**Prompt**
Whenever the word "Cerámica" appears in a line of the data below, copy that line.

**Data shown**

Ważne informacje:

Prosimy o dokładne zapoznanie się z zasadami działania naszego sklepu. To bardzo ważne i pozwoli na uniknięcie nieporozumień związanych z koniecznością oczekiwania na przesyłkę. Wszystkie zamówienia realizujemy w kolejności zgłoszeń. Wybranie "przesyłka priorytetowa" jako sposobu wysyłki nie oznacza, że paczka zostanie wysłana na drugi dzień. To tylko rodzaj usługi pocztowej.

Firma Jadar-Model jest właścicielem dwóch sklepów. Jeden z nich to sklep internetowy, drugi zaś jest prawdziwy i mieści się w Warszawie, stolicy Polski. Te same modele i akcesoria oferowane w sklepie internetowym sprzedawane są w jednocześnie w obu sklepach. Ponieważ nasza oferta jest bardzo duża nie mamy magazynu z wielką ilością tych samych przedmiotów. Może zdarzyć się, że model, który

---

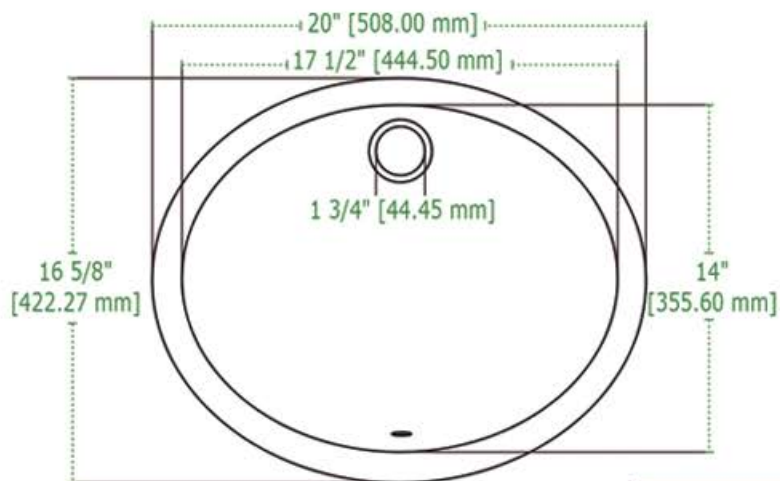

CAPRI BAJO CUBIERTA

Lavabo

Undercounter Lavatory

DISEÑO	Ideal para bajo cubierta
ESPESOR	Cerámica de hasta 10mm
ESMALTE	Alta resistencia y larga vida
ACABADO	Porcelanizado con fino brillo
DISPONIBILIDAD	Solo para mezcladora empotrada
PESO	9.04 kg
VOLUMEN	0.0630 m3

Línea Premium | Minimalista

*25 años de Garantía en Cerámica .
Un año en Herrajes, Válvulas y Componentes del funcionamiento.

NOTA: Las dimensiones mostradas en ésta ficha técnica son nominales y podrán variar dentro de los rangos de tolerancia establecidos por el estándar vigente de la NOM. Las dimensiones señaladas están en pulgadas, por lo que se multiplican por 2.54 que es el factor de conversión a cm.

* * *

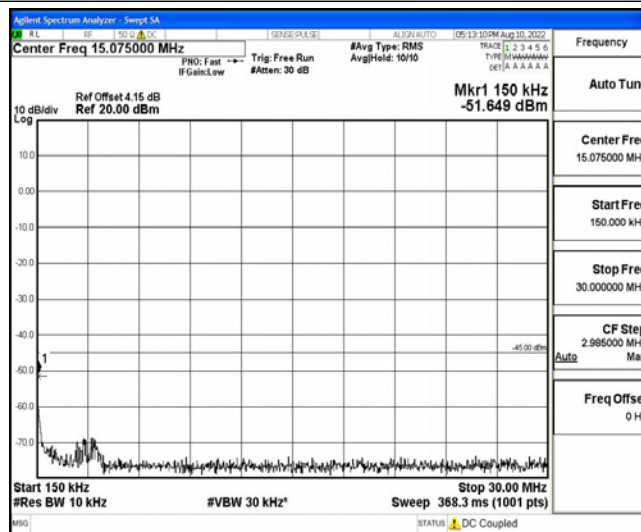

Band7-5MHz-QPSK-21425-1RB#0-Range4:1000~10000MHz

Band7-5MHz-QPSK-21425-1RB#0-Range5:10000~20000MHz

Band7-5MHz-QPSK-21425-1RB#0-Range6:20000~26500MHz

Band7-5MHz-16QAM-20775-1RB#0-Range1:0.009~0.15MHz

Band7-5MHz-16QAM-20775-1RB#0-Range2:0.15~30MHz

**Task answer**
ESPESOR	Cerámica de hasta 10mm
*25 años de Garantía en Cerámica .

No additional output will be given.